DIRECTIONS FOR THIS TASK => Without including any pictures, give back all of the data exactly.

*** MATERIAL FOR THIS TASK ***

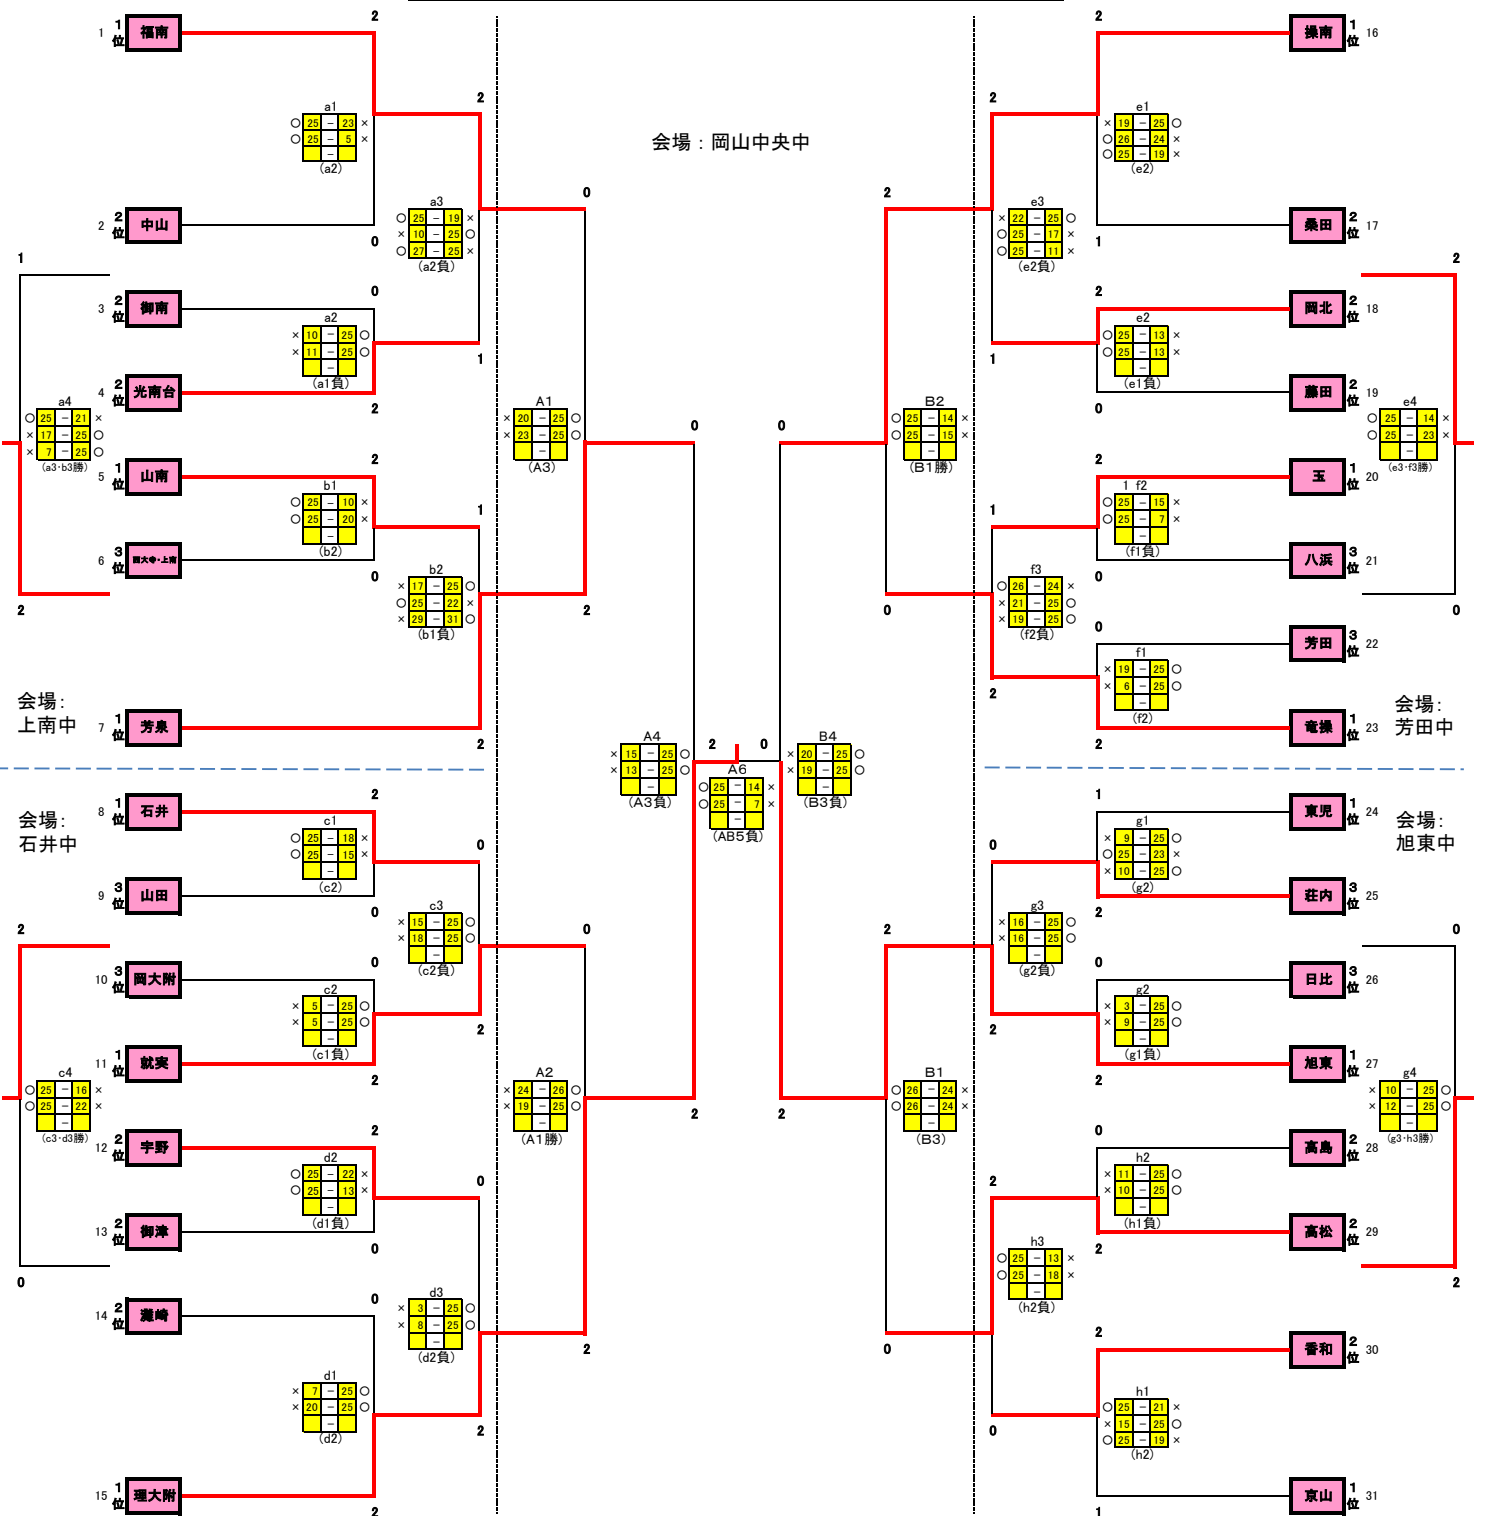

備前西地区中学校秋季大会 女子決勝トーナメント(10/14、15)

会場：岡山中央

最終結果(地区代表)

1位	理大附属
2位	旭東
3位	芳泉
代表	福南
	就実
	高松
	竜操

*** End of MATERIAL FOR THIS TASK ***

RESULT FOR THIS TASK =>
備前西地区中学校秋季大会 女子決勝トーナメント(10/14、15)

会場：岡山中央

最終結果(地区代表)

1位	理大附属
2位	旭東
3位	芳泉
代表	福南
	就実
	高松
	竜操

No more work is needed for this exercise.